GOAL OF THE EXERCISE> Give the lines again exactly as they appear below, from the line with "イラストは制作途中の状態です。" to the line with "相手の声 **大** きく を **大** きく できる", both included, and only those lines. Leave every picture out.

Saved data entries
>>>

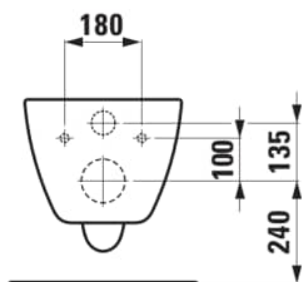

TECHNICKÉ VÝKRESY
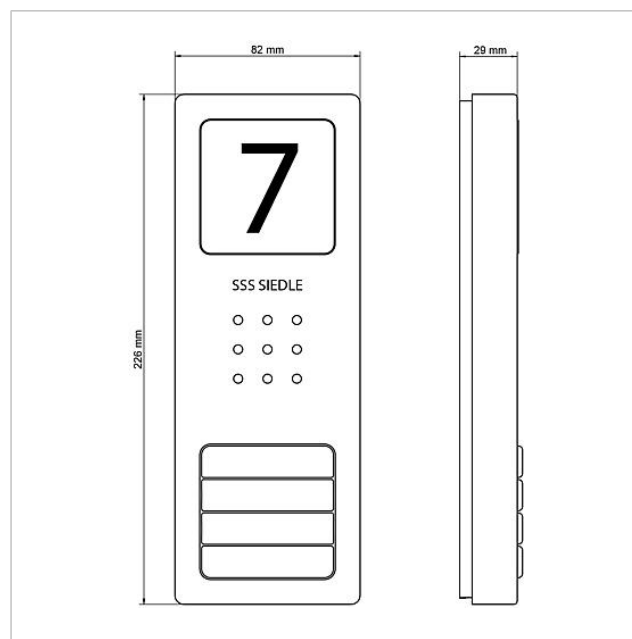

Audio set Siedle
Compact
SET CA 812-4 E/W

210008741

Pagina 3
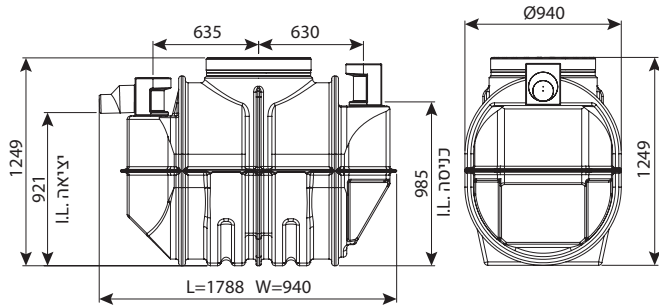

מפריד שומן תת קרקעי 800 ליטר

מחיר	IN/OUT	מק"ט
₪ 10,707	110	0213-GS084
₪ 11,273	160	0213-GS086
₪ 14,108	200	0213-GS088
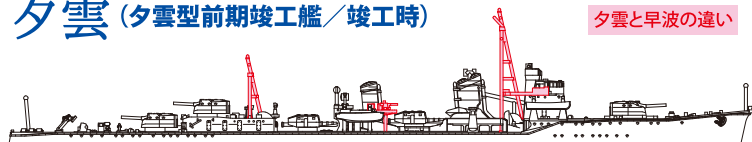

夕雲型は改陽型として計画された艦隊型駆逐艦です。ネームシップの「夕雲」は1941年12月に竣工、ミッドウェー海戦や南太平洋海戦等の各作戦に参加して直衛任務に活躍。1943年10月にペラ・ラペラ近海でアメリカ駆逐艦と交戦し撃沈されました。「早波」は1943年7月に竣工し、第32駆逐隊に編入。1944年6月にセレス海でアメリカ潜水艦の雷撃により撃沈されました。艦隊型駆逐艦の傑作「夕雲」「早波」を、最新の考証と最新の仕様で製品化します。

夕雲(第10駆逐隊 所属)
イラストは制作途中の状態です。

2017NEW

**完全
新金型**

パッケージイラストは
「夕雲」「早波」ともに
加藤 単駆郎 氏が担当

夕雲 (夕雲型前期竣工艦/竣工時)

夕雲と早波の違い

25mm連装機銃

早波 (夕雲型中期竣工艦/竣工時)

メインマスト形状変更
22号電探追加
電探室追加

後部マスト形状変更

25mm三連装機銃へ換装
機銃台形状変更

羅針艦橋平面形状変更

25mm連装機銃追加

船体と12.7cm連装砲塔はそれぞれ左右スライド金型の
一体パーツ、細密なディテール表現を実現

※画像は開発用の3DCADです

船体
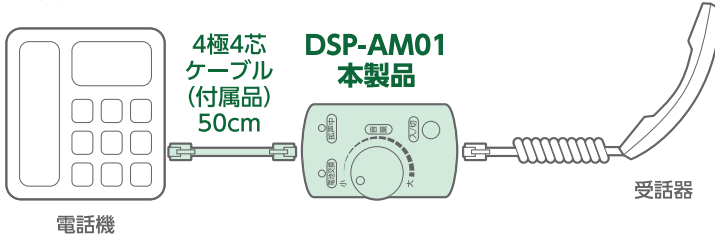

相手の声 **大** きく を **大** きく できる

電話用拡声器 DSP-AM01

オフィスで

ご家庭で

通話相手の声が聞き取りにくい時や
周りが騒がしい環境での使用に最適

よく聞こえる!最大40dB増幅!!

電話機コードに直接接続するため
どなたでも簡単に取付可能

ボタンやダイヤルなどの表記が
大きいサイズの日本語でわかりやすい

■接続イメージ

ダイヤルが大きい
ので回しやすく、
簡単に音量を調節
できます。

製品仕様

製品型番	DSP-AM01	アンプレベル	最大 40dB (弊社測定法による)
製品名	電話用拡声器 最大40dB増幅タイプ	使用電源	単 4 形アルカリ乾電池× 2 (別売)
対応回線	4 極 4 芯対応	付属品	4 極 4 芯ケーブル (50cm)、取扱説明書兼保証書
本体サイズ	約 W53 × H89 × D26mm (突起部を除く)	保証期間	ご購入日より 6 か月
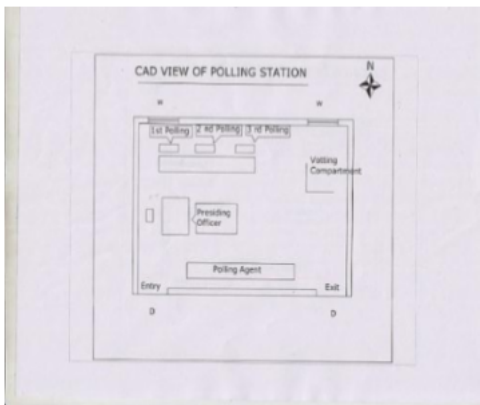

নির্বাচক নিবন্ধন আধিকারিকের স্বাক্ষর

Nazri Naksha

Google Map View

Polling Station Building Front View

Polling Station Front View

Cad View

Key MAP View

1 নাম : বাবুল আচার্য পিতার নাম: বিজয় আচার্য বাড়ির নং : n0002 বয়স : 54 লিঙ্গ : পুরুষ	KFG2896645 ফটো উপলব্ধ	2 নাম : সোমনাথ আচার্য পিতার নাম: বাবুল আচার্য বাড়ির নং : n0184 বয়স : 26 লিঙ্গ : পুরুষ	ZJZ2227353 ফটো উপলব্ধ	3 নাম : রুবি আচার্য স্বামীর নাম: বাবুল আচার্য বাড়ির নং : n0002 বয়স : 45 লিঙ্গ : মহিলা	KFG2896652 ফটো উপলব্ধ
4 নাম : চন্দন আচার্য পিতার নাম: নব কুমার আচার্য বাড়ির নং : n0086 বয়স : 45 লিঙ্গ : পুরুষ	KFG2042349 ফটো উপলব্ধ	5 নাম : নবকুমার আচার্য পিতার নাম: মহাদেব আচার্য বাড়ির নং : n0086 বয়স : 76 লিঙ্গ : পুরুষ	KFG3756939 ফটো উপলব্ধ	6 নাম : কাজলী আচার্য স্বামীর নাম: নবকুমার আচার্য বাড়ির নং : n0086 বয়স : 66 লিঙ্গ : মহিলা	KFG2042232 ফটো উপলব্ধ
7 নাম : কাঞ্চন আচার্য পিতার নাম: নবকুমার আচার্য বাড়ির নং : n0086 বয়স : 49 লিঙ্গ : পুরুষ	KFG2041671 ফটো উপলব্ধ	8 নাম : সুশান্ত আঢ়া পিতার নাম: বাবুল আঢ়া বাড়ির নং : n0003 বয়স : 38 লিঙ্গ : পুরুষ	KFG3805330 ফটো উপলব্ধ	9 নাম : নিতাই মাজি পিতার নাম: কৃষ্ণ মাজি বাড়ির নং : n0186 বয়স : 54 লিঙ্গ : পুরুষ	KFG3740552 ফটো উপলব্ধ
10 নাম : দয়াময়ী মাজী স্বামীর নাম: নিতাই মাজী বাড়ির নং : n0186 বয়স : 50 লিঙ্গ : মহিলা	KFG3740560 ফটো উপলব্ধ	11 নাম : বীণাপানি আঢ়া স্বামীর নাম: তপন আঢ়া বাড়ির নং : n0186 বয়স : 34 লিঙ্গ : মহিলা	ZJZ2227379 ফটো উপলব্ধ	12 নাম : আবিব মাজী পিতার নাম: নিতাই মাজী বাড়ির নং : n0186 বয়স : 28 লিঙ্গ : পুরুষ	ZJZ2176428 ফটো উপলব্ধ
13 নাম : লক্ষী আঢ়া স্বামীর নাম: সঞ্জয় আঢ়া বাড়ির নং : n0009 বয়স : 28 লিঙ্গ : মহিলা	ZJZ2171346 ফটো উপলব্ধ	14 নাম : ভৈরব আঢ়া পিতার নাম: হারাধন আঢ়া বাড়ির নং : n0009 বয়স : 41 লিঙ্গ : পুরুষ	ZJZ2096881 ফটো উপলব্ধ	15 নাম : কল্যাণী আঢ়া স্বামীর নাম: ধনঞ্জয় আঢ়া বাড়ির নং : n0005 বয়স : 57 লিঙ্গ : মহিলা	WB/35/241/504375 ফটো উপলব্ধ
16 নাম : জয়রাম আঢ়া পিতার নাম: ধনঞ্জয় আঢ়া বাড়ির নং : n0005 বয়স : 39 লিঙ্গ : পুরুষ	KFG2120343 ফটো উপলব্ধ	17 নাম : মাধুরী আঢ়া স্বামীর নাম: নকুল আঢ়া বাড়ির নং : n0005 বয়স : 83 লিঙ্গ : মহিলা	WB/35/241/504374 ফটো উপলব্ধ	18 নাম : ধনঞ্জয় আঢ়া স্বামীর নাম: গায়িত্রী আঢ়া বাড়ির নং : n0087 বয়স : 47 লিঙ্গ : পুরুষ	KFG3432614 ফটো উপলব্ধ
19 নাম : শিবশঙ্কর আঢ়া পিতার নাম: হারাধন আঢ়া বাড়ির নং : n0009 বয়স : 60 লিঙ্গ : পুরুষ	ZJZ2753127 ফটো উপলব্ধ	20 নাম : রামপ্রসাদ আঢ়া পিতার নাম: বাবুল আঢ়া বাড়ির নং : n0003 বয়স : 36 লিঙ্গ : পুরুষ	ZJZ0854349 ফটো উপলব্ধ	21 নাম : মনবোধ আঢ়া পিতার নাম: মহাদেব আঢ়া বাড়ির নং : n0004 বয়স : 57 লিঙ্গ : পুরুষ	WB/35/241/504332 ফটো উপলব্ধ
22 নাম : শান্ত আঢ়া স্বামীর নাম: মনবোধ আঢ়া বাড়ির নং : n0004 বয়স : 51 লিঙ্গ : মহিলা	WB/35/241/504300 ফটো উপলব্ধ	23 নাম : রাজেশ আঢ়া পিতার নাম: মনবোধ আঢ়া বাড়ির নং : n0004 বয়স : 32 লিঙ্গ : পুরুষ	ZJZ1741040 ফটো উপলব্ধ	24 নাম : অরুণ কুমার আঢ়া পিতার নাম: ধনঞ্জয় আঢ়া বাড়ির নং : n0005 বয়স : 37 লিঙ্গ : পুরুষ	KFG3805314 ফটো উপলব্ধ
25 নাম : সত্যজিত চন্দ্র পিতার নাম: ধনঞ্জয় চন্দ্র বাড়ির নং : n0005 বয়স : 38 লিঙ্গ : পুরুষ	KFG3805306 ফটো উপলব্ধ	26 নাম : চিত্তামনী আঢ়া স্বামীর নাম: বাসুদেব আঢ়া বাড়ির নং : n0008 বয়স : 59 লিঙ্গ : মহিলা	KFG2042265 ফটো উপলব্ধ	27 নাম : সঞ্জয় আঢ়া পিতার নাম: বাসুদেব আঢ়া বাড়ির নং : n0008 বয়স : 35 লিঙ্গ : পুরুষ	ZJZ0854836 ফটো উপলব্ধ
28 নাম : রঞ্জিত আঢ়া পিতার নাম: হারাধন আঢ়া বাড়ির নং : n0009 বয়স : 41 লিঙ্গ : পুরুষ	KFG3431244 ফটো উপলব্ধ	29 নাম : সরস্বতী আঢ়া স্বামীর নাম: ধনঞ্জয় আঢ়া বাড়ির নং : n0087 বয়স : 39 লিঙ্গ : মহিলা	KFG3868734 ফটো উপলব্ধ	30 নাম : সরস্বতী আঢ়া স্বামীর নাম: বিজয় আঢ়া বাড়ির নং : n0098 বয়স : 47 লিঙ্গ : মহিলা	KFG3432598 ফটো উপলব্ধ

<<<

TASK RESPONSE>
イラストは制作途中の状態です。

2017NEW

**完全
新金型**

パッケージイラストは
「夕雲」「早波」ともに
加藤 単駆郎 氏が担当

夕雲 (夕雲型前期竣工艦/竣工時)

夕雲と早波の違い

25mm連装機銃

早波 (夕雲型中期竣工艦/竣工時)

メインマスト形状変更
22号電探追加
電探室追加

後部マスト形状変更

25mm三連装機銃へ換装
機銃台形状変更

羅針艦橋平面形状変更

25mm連装機銃追加

船体と12.7cm連装砲塔はそれぞれ左右スライド金型の
一体パーツ、細密なディテール表現を実現

※画像は開発用の3DCADです

船体

相手の声 **大** きく を **大** きく できる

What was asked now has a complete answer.